I thought the Concat approach will be slower as every + operation actually creates a new string (+allocation), but seems the interpolation caused higher allocation with higher time.

Can you explain?

NirMH
  • 4,769
  • 3
  • 44
  • 69
  • 1
    stirng interpolation also creates new strings and even futher it calls sting.Format on every "part" of the interpollation.... so in the end its a lot more calls – Jonathan Alfaro Jul 10 '22 at 06:56
  • Does this answer your question? [String Interpolation vs String.Format](https://stackoverflow.com/questions/32342392/string-interpolation-vs-string-format) – GSerg Jul 10 '22 at 07:55
  • @JonathanAlfaro This is false, string interpolation only creates one string in the current .net (see my answer) and in the older .net versions it always called just one single `string.Format()` – Petrusion Jul 10 '22 at 13:32
  • @Petrusion my statement is 100% true for all NET versions before NET 6.0. Even further the use of Interpolation Handlers does not guarantee that for small strings it will be "faster" than string concatenation. – Jonathan Alfaro Jul 11 '22 at 16:22
  • @JonathanAlfaro You said that: 1) "string interpolation creates new strings", presumably meaning that it ends up calling `.ToString()` on every item. 2) "it calls `string.Format()` on every part of the interpolation", possibly meaning that one `$"..."` (which the question was about) gets translated to multiple `string.Format()` (but I might be misunderstanding that). Neither of those are true, `string.Format()` used `ISpanFormattable` on its items even before .Net 6, skipping `.ToString()` – Petrusion Jul 11 '22 at 16:42
  • @Petrusion NET 6 is not the only version of NET in existence... string.Format does create a new string which is returned by the method. So on this string "$"sometext_{five}_{six}"" string.Formant will be called at least twice.
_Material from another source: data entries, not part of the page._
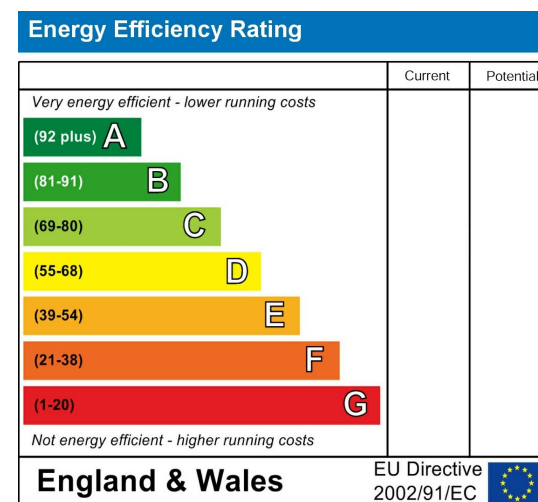

Accommodation

Additional Photo

All dimensions and measurements are approximate and for guidance only.

Just Centro's Opinion...

A well-presented two-bedroom apartment located above a small parade of shops along the High Street in Feltham. With private access at the side, it leads up to the first floor which consists of a two good size double bedrooms, a spacious lounge, a stylish bathroom suite and a fitted kitchen

Benefits include being newly painted with neutral décor, new carpets in the bedroom and lounge, storage space, double glazing and gas central heating.

You have a variety of shops, bars Supermarkets and restaurants on your door-step as well as being walking distance to Feltham Rail Station.

Offered unfurnished and available to view now.

EPC Graph

Floor Plan

For illustration purposes only
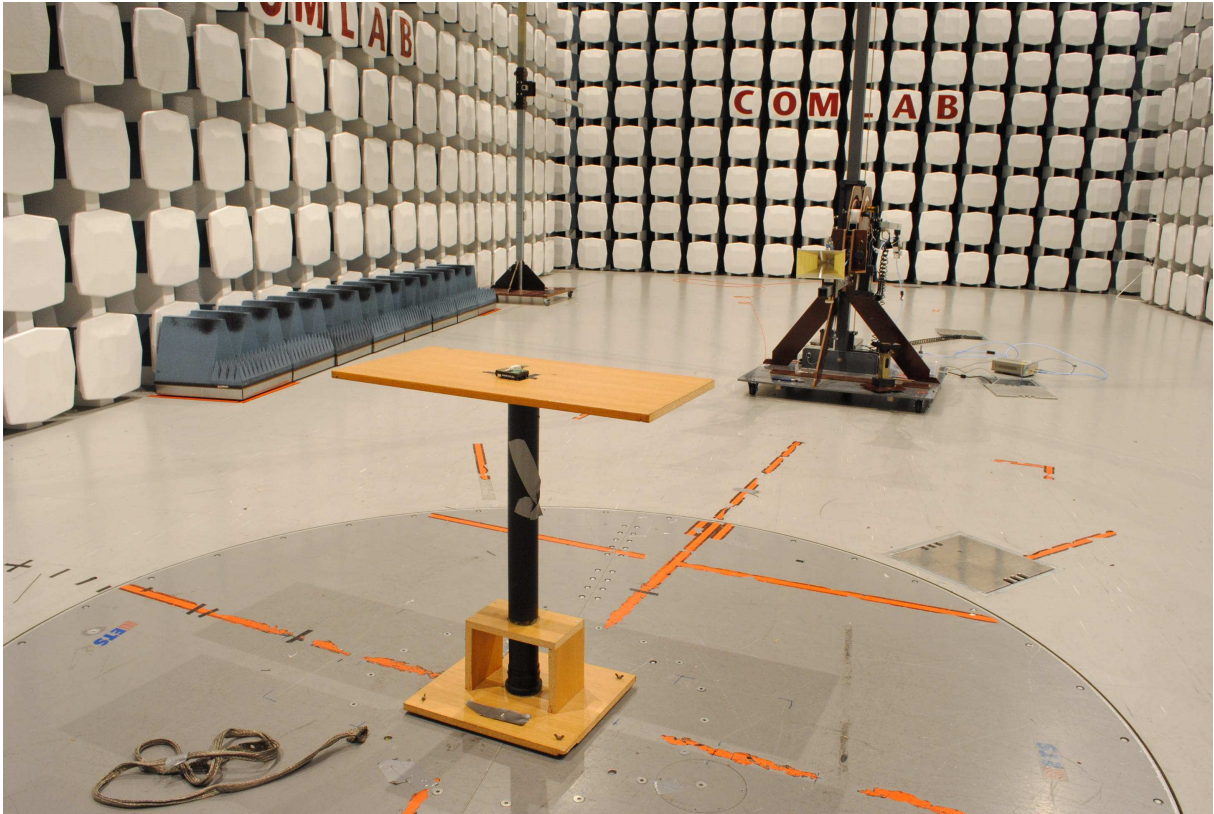

PHOTOS OF TEST SET-UP

Radiated emissions 30 - 1000MHz

Radiated Emissions Test – 1 - 25GHz

Power line Conducted Emissions Test
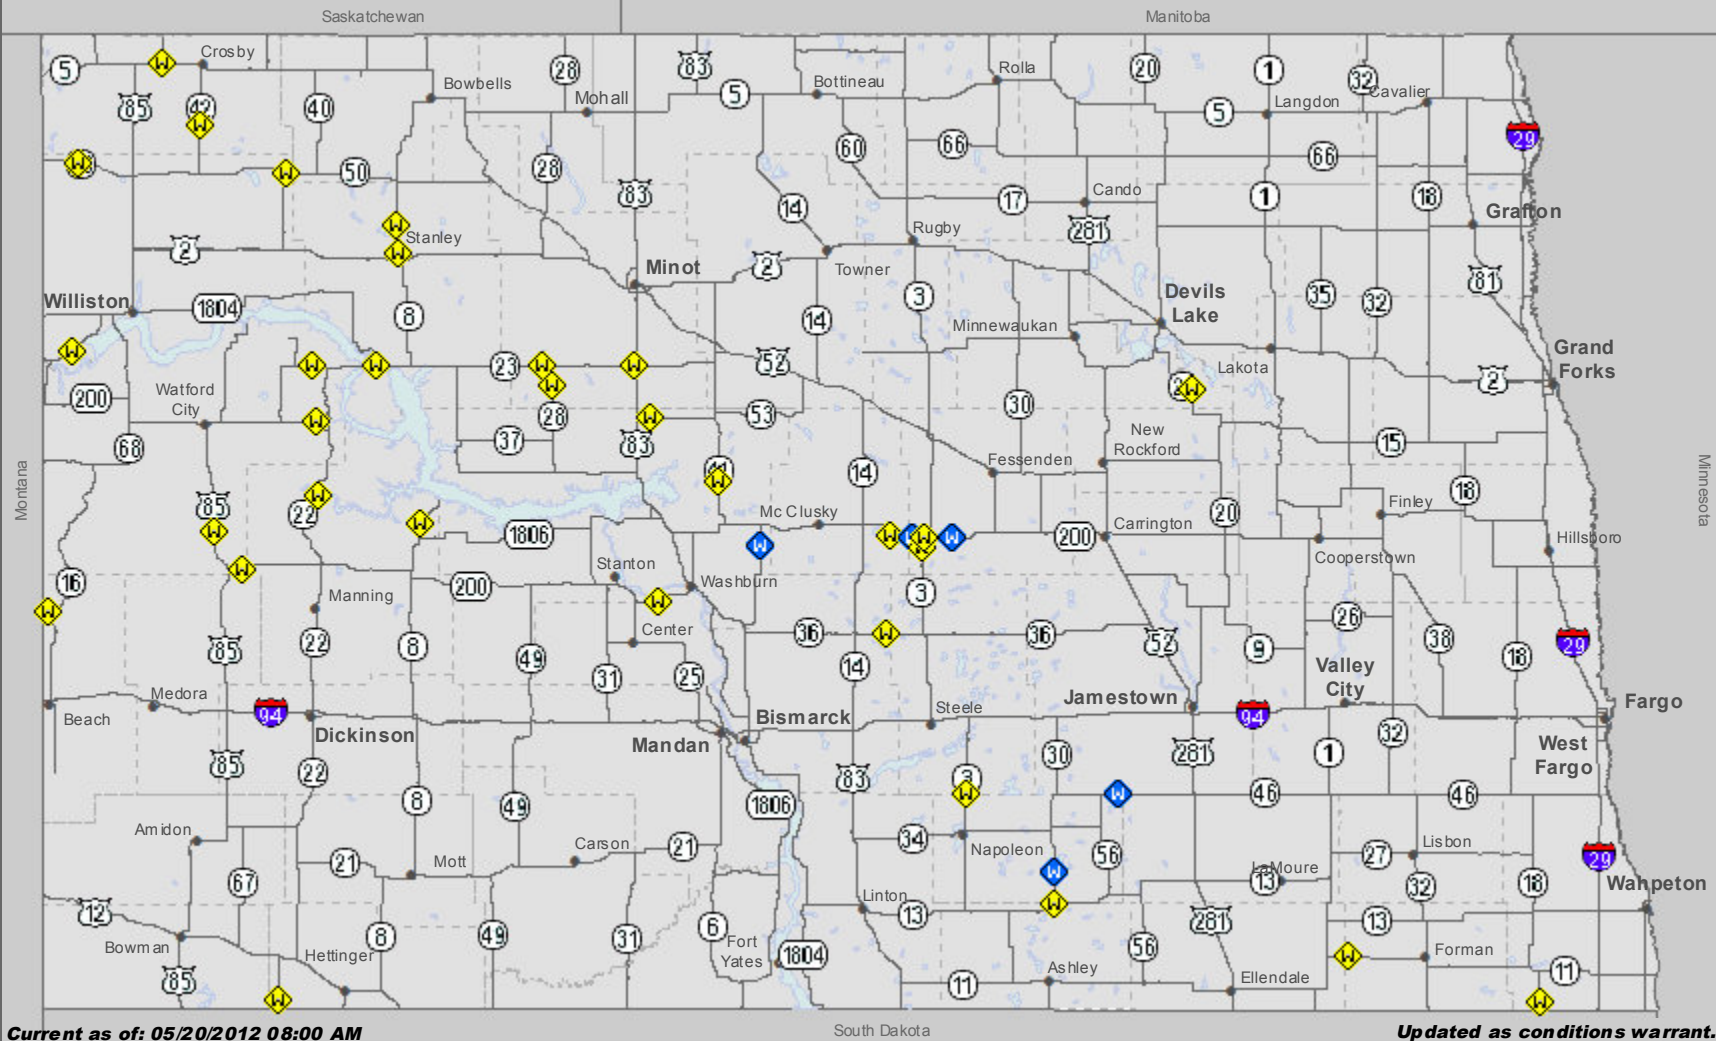

# North Dakota Warnings

Current as of: 05/20/2012 08:00 AM

South Dakota

Updated as conditions warrant.

 Warnings  Water on Road (Travel Allowed)

The traveler information reports are based upon information available at the time of preparation. Actual conditions may vary. Be alert for changing conditions.
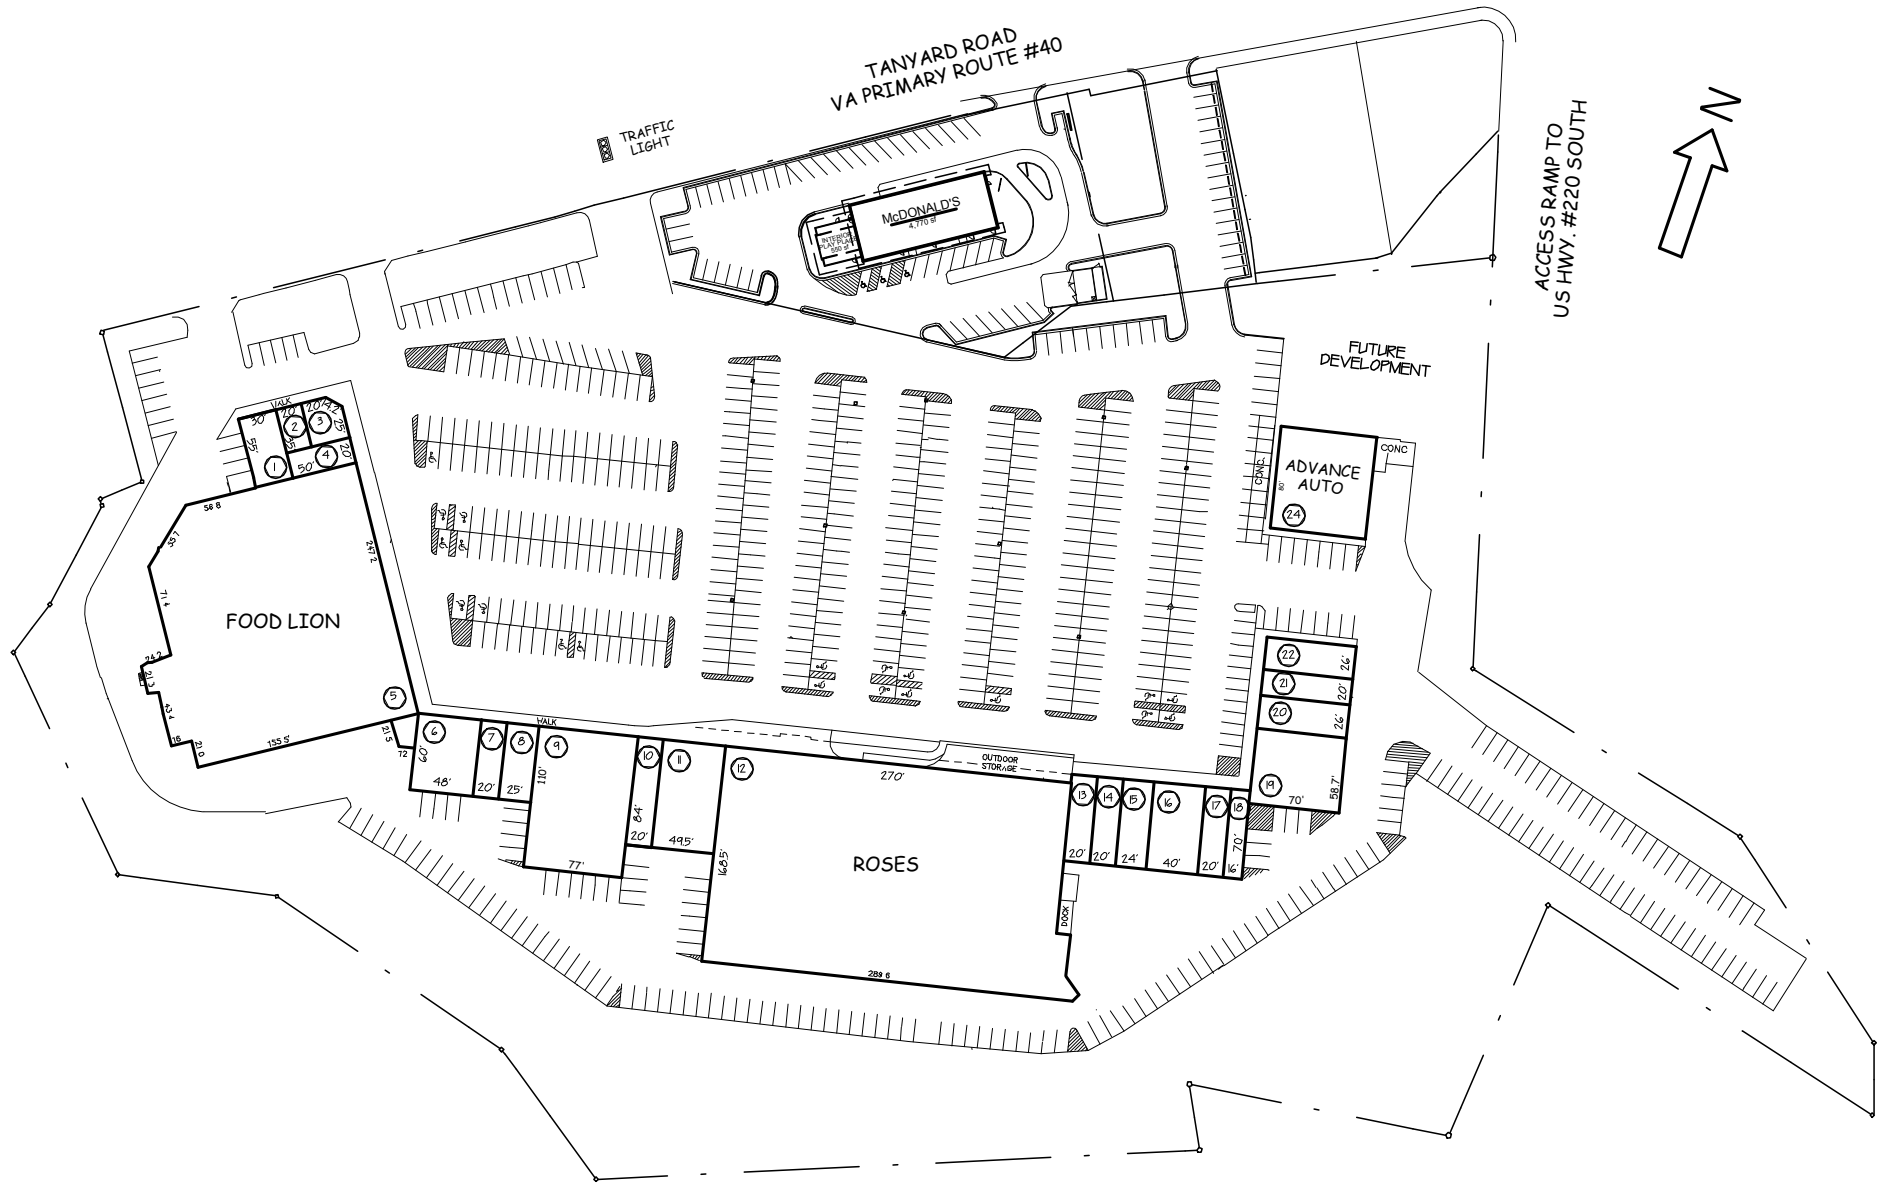

TRAFFIC LIGHT

TANYARD ROAD  
VA PRIMARY ROUTE #40

TRAFFIC LIGHT

ACCESS RAMP TO  
US HWY. #220 SOUTH

**ROCKY MOUNT PLAZA**  
 ROCKY MOUNT, VA
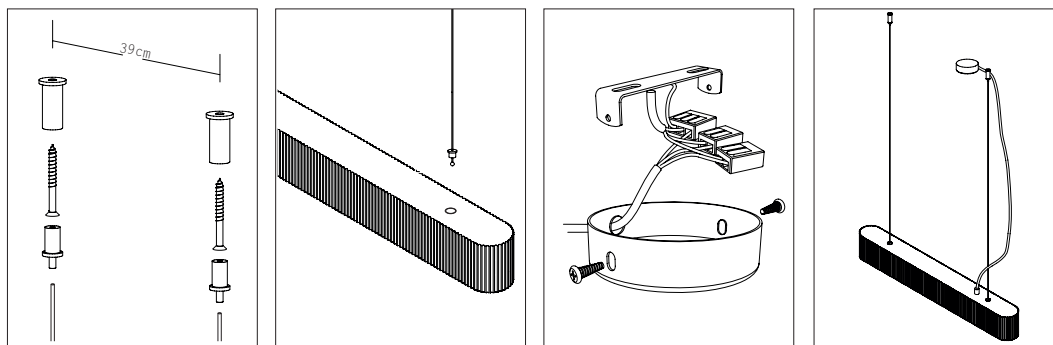

Installation /mounting

As for NET 6 it is different than other versions of NET I am pretty sure most existing applications in NET are not NET 6.... sience NET has been around for 20 years – Jonathan Alfaro Jul 12 '22 at 12:53
  • 1
    @JonathanAlfaro *"`string.Format` does create a new string which is returned by the method"* - that much is beyond obvious, that is the entire point of the method. Why do you keep saying that I only talk about .Net 6 when I talked about the previous versions many times in this comment chain? If I understand correctly, you are saying `$"sometext_{five}_{six}"` gets translated to more than one `string.Format()` call, that is wrong for any .Net version. Before .Net 6, `$"sometext_{five}_{six}"` got translated to `string.Format("sometext_{0}_{1}", five, six)`, that is a single `string.Format()`. – Petrusion Jul 12 '22 at 14:33

2 Answers2

12

TLDR: Interpolated strings are overall the best and they only allocate more memory in your benchmarks because you are using old .Net and cached number strings

There's a lot to talk about here.

First off, a lot of people think string concatenation using + will always create a new string for every +. That might be the case in a loop, but if you use lots of + one after another, the compiler will actually replace those operators with a call to one string.Concat, making the complexity O(n), not O(n^2). Your DebugPrintConcat actually compiles to this:

public void DebugPrintConcat()
{
    profiler.PrineDebug(string.Concat("sometext_", five.ToString(), "_", six.ToString()));
}

It should be noted that in your specific case, you are not benchmarking string allocation for the integers because .Net caches string instances for small numbers, so those .ToString() on five and six end up allocating nothing. The memory allocation would've been much different if you used bigger numbers or formatting (like .ToString("10:0000")).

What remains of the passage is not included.